# Lawyer needed in Mexico City



## Isla Verde (Oct 19, 2011)

I need a good lawyer to help me sue an insurance broker who has been dilly-dallying for over 4 months about getting me a refund from a health insurance company that cancelled my policy back in March. Please send any recommendations to me via PM. Many thanks!


----------



## joaquinx (Jul 3, 2010)

I thought that you were going to Profeco with the complaint. No luck them resolving the problem?


----------



## Isla Verde (Oct 19, 2011)

joaquinx said:


> I thought that you were going to Profeco with the complaint. No luck them resolving the problem?


Never went to PROFECO. From the information on their website, it appears that they don't handle problems with insurance companies.


----------



## RVGRINGO (May 16, 2007)

Lawyers are really good at taking your money, until you realize that it is a lost cause.


----------



## Isla Verde (Oct 19, 2011)

RVGRINGO said:


> Lawyers are really good at taking your money, until you realize that it is a lost cause.
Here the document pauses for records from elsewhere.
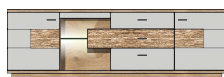

4A 12 MH 32

Art.-Nr.
Beschreibung
TV-Unterteil
2 Holztüren / 3 Schubkästen
2 offene Fächer
LED-Beleuchtung
1x 99 AJ 00 71
optional bestellbar

Breite / Höhe / Tiefe (cm)
ca. 190 / 60 / 48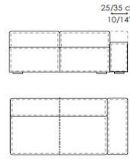

LES PRIX INDIQUENT QUE LE CANAPÉ
A LES DEUX ACCOUDOIRS DE LA MÊME TAILLE.

Accoudoir	25xH50	35xH50	25xH68	35xH68
	25 cm - 10" 50 cm - 20"	35 cm - 14" 50 cm - 20"	25 cm - 10" 68 cm - 27"	35 cm - 14" 68 cm - 27"

Canapé

☉ 260 - 280 x 100

☉ 210 - 230 x 100

☉ 190 - 210 x 100

Code

Choisir l'accoudoir	260-280	210-230	190-210
25xH50 - 10" x H 20"	FPCA	FPBA	FPAA
35xH50 - 14" x H 20"	FPCB	FPBB	FPAB
25xH68 - 10" x H 27"	FPCC	FPBC	FPAC
35xH68 - 14" x H 27"	FPCD	FPBD	FPAD

LES PRIX INDIQUENT L'ÉLÉMENT TERMINAL
AVEC UN ACCOUDOIR.

Accoudoir	25xH50	35xH50	25xH68	35xH68

Élément terminal dx / sx

☉ 235 - 245 x 100 - dx

☉ 185 - 195 x 100 - dx

☉ 165 - 175 x 100 - dx

Code

Choisir l'accoudoir	235-245	185-195	165-175
25xH50 - 10" x H 20"	FPFA	FPEA	FPDA
35xH50 - 14" x H 20"	FPFB	FPEB	FPDB
25xH68 - 10" x H 27"	FPFC	FPEC	FPDC
35xH68 - 14" x H 27"	FPFD	FPED	FPDD

LES PRIX INDIQUENT LA CHAISE LONGUE
AVEC UN ACCOUDOIR.

Accoudoir

Accoudoir	25xH50	35xH50	25xH68	35xH68

Chaise longue dx / sx

☉ 125 / 135 x 170 - dx

☉ 105 / 115 x 150 - dx

Code

Choisir l'accoudoir	125/135x170	105/115x150
25xH50 - 10" x H 20"	FPM1 dx FPM2 sx	FPL1 dx FPL2 sx
35xH50 - 14" x H 20"	FPM5 dx FPM6 sx	FPL5 dx FPL6 sx
25xH68 - 10" x H 27"	FPM3 dx FPM4 sx	FPL3 dx FPL4 sx
35xH68 - 14" x H 27"	FPM7 dx FPM8 sx	FPL7 dx FPL8 sx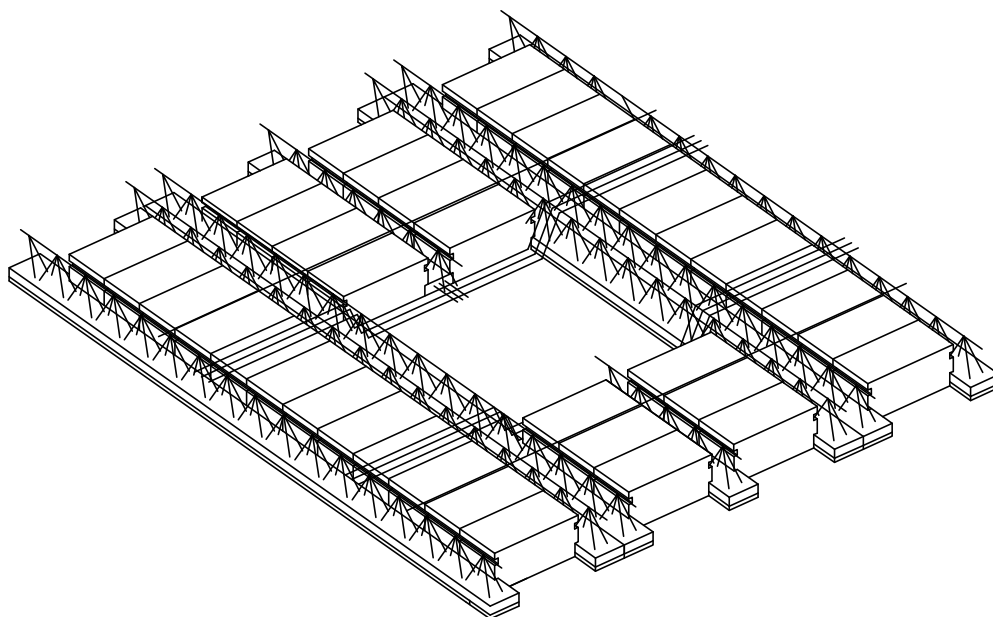

## DETAIL KD13c - STROP PORFIX - VÝMENA PRI OTVORE PRE VÝLEZ, KOMÍN

ALT.

No need for doom and gloom, RV. Anyway, I just found a lawyer who's a friend of a good friend here. In any event, I won't let him take me for a ride, and anyway my cause is far from lost!


----------



## RVGRINGO (May 16, 2007)

I hope you are right. Good luck.


----------



## Isla Verde (Oct 19, 2011)

RVGRINGO said:


> I hope you are right. Good luck.


Thanks. I feel better just because I've started to take action instead of sitting around waiting for the problem to solve itself.


----------



## Isla Verde (Oct 19, 2011)

I just met with my lawyer and things are looking good for a positive resolution to my problem. :fingerscrossed:


----------